### EXERCISE PROMPT
Print each entry precisely; exclude the pictures.

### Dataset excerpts
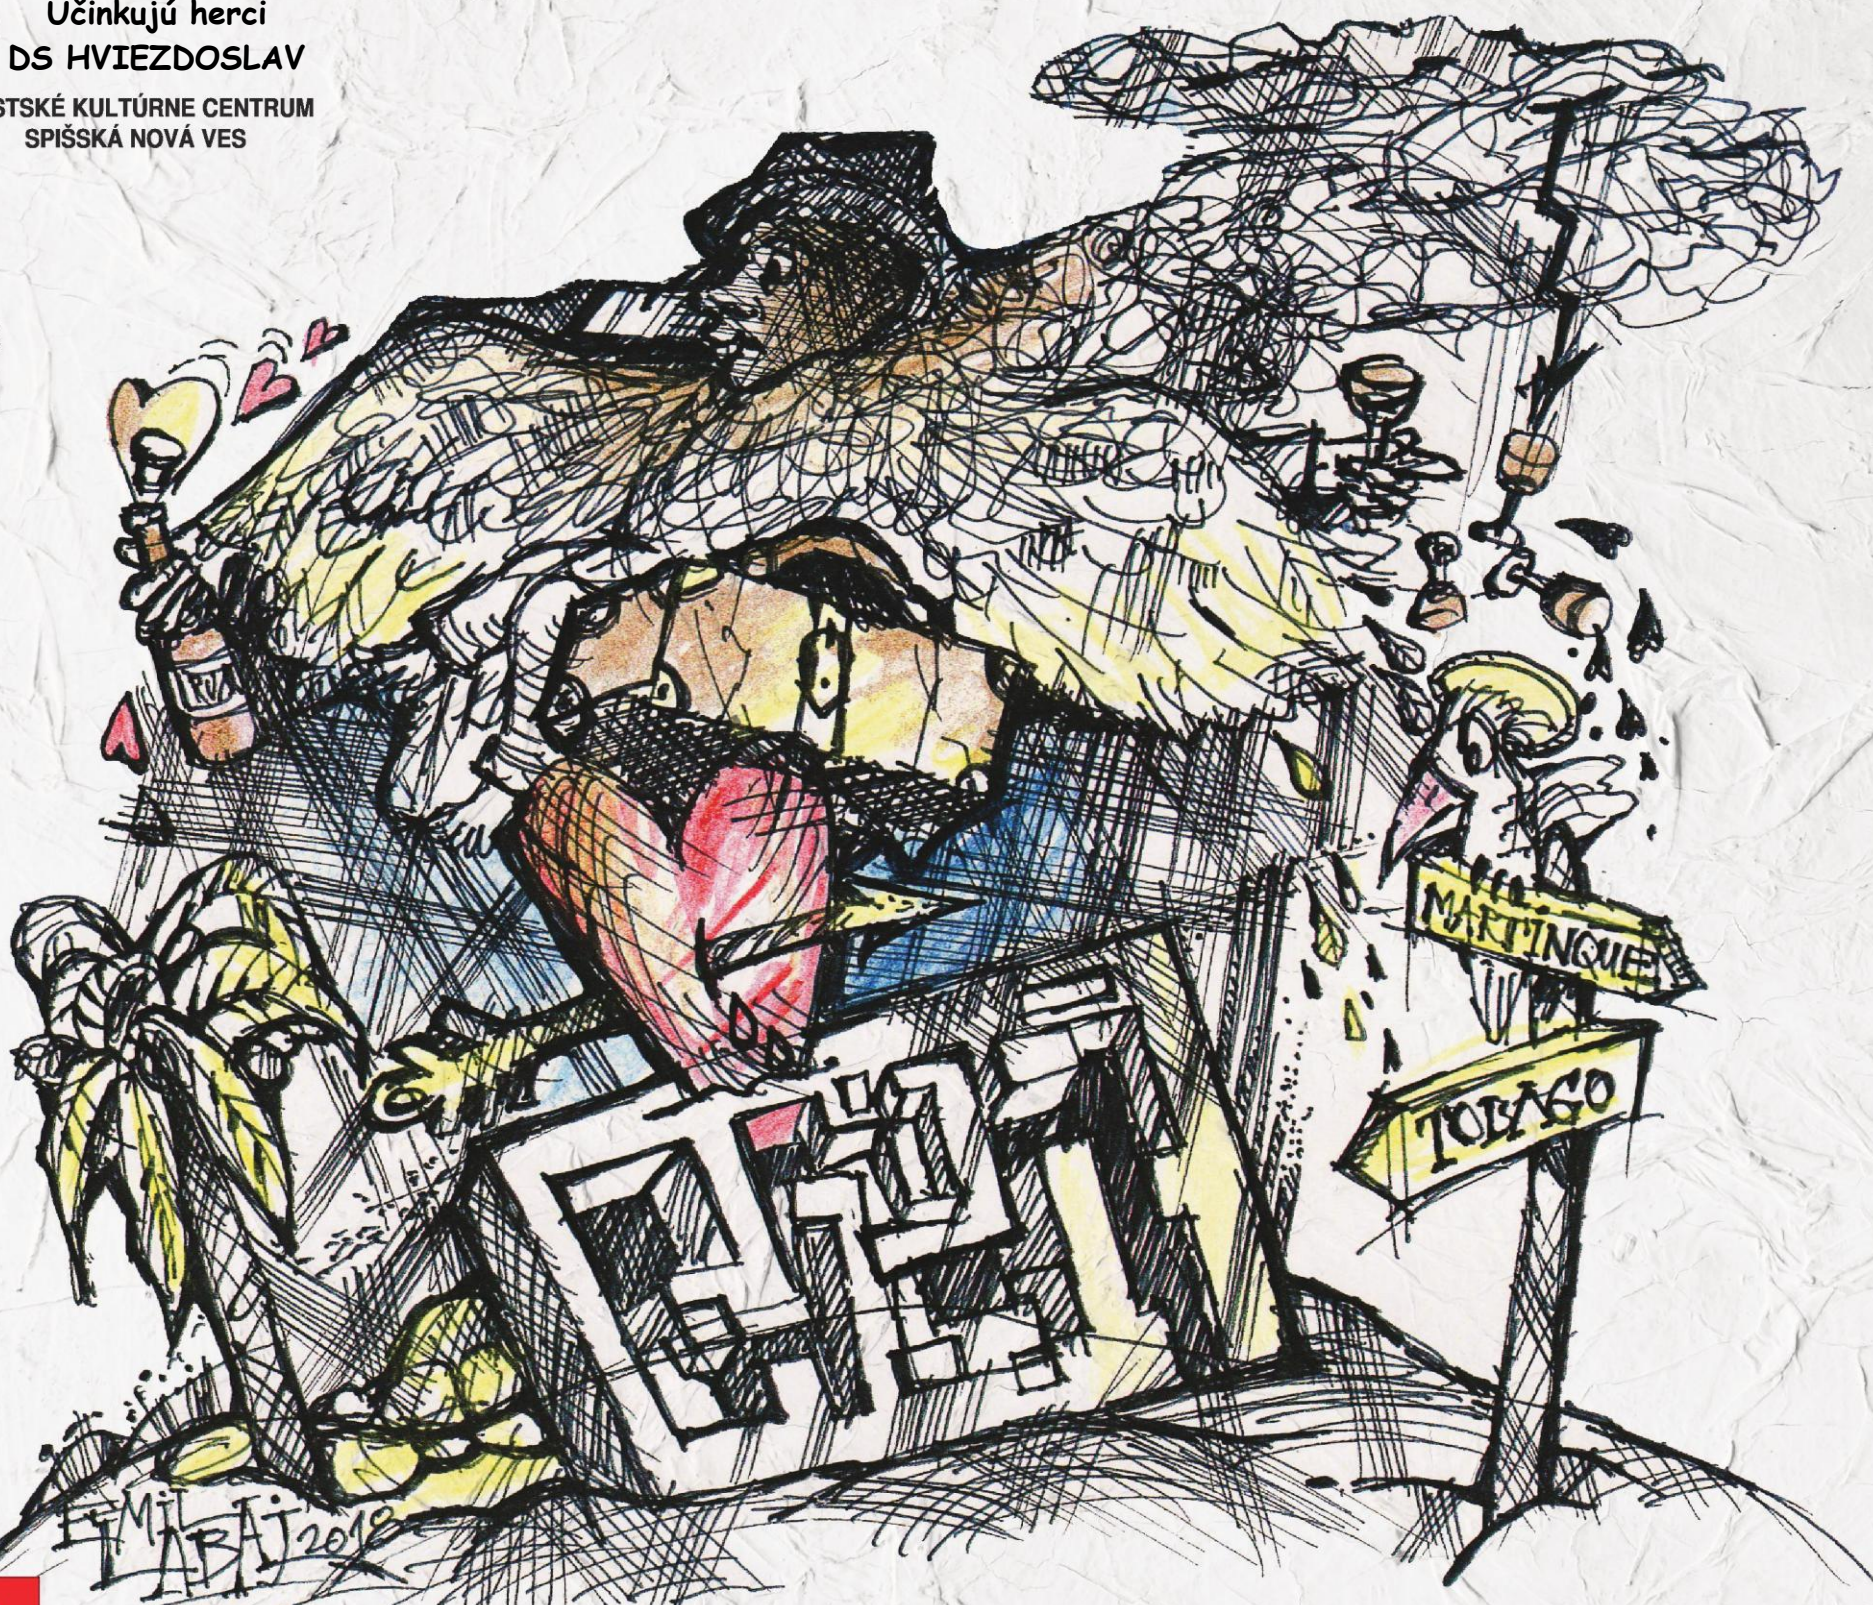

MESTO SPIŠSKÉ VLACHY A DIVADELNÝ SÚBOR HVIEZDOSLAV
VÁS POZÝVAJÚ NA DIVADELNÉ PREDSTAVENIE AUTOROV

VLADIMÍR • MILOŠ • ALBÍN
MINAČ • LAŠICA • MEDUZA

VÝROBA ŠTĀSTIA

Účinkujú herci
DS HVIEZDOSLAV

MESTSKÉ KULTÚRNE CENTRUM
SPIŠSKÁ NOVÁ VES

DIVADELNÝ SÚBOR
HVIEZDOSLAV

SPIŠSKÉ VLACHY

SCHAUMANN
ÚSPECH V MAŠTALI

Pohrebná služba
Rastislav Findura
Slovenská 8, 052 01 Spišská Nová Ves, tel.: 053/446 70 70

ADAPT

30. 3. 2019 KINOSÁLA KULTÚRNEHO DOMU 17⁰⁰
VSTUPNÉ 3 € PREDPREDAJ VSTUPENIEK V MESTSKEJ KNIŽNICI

### WRITTEN SOLUTION
MESTO SPIŠSKÉ VLACHY A DIVADELNÝ SÚBOR HVIEZDOSLAV
VÁS POZÝVAJÚ NA DIVADELNÉ PREDSTAVENIE AUTOROV

VLADIMÍR • MILOŠ • ALBÍN
MINAČ • LAŠICA • MEDUZA

VÝROBA ŠTĀSTIA

Účinkujú herci
DS HVIEZDOSLAV

MESTSKÉ KULTÚRNE CENTRUM
SPIŠSKÁ NOVÁ VES

DIVADELNÝ SÚBOR
HVIEZDOSLAV

SPIŠSKÉ VLACHY

SCHAUMANN
ÚSPECH V MAŠTALI

Pohrebná služba
Rastislav Findura
Slovenská 8, 052 01 Spišská Nová Ves, tel.: 053/446 70 70

ADAPT

30. 3. 2019 KINOSÁLA KULTÚRNEHO DOMU 17⁰⁰
VSTUPNÉ 3 € PREDPREDAJ VSTUPENIEK V MESTSKEJ KNIŽNICI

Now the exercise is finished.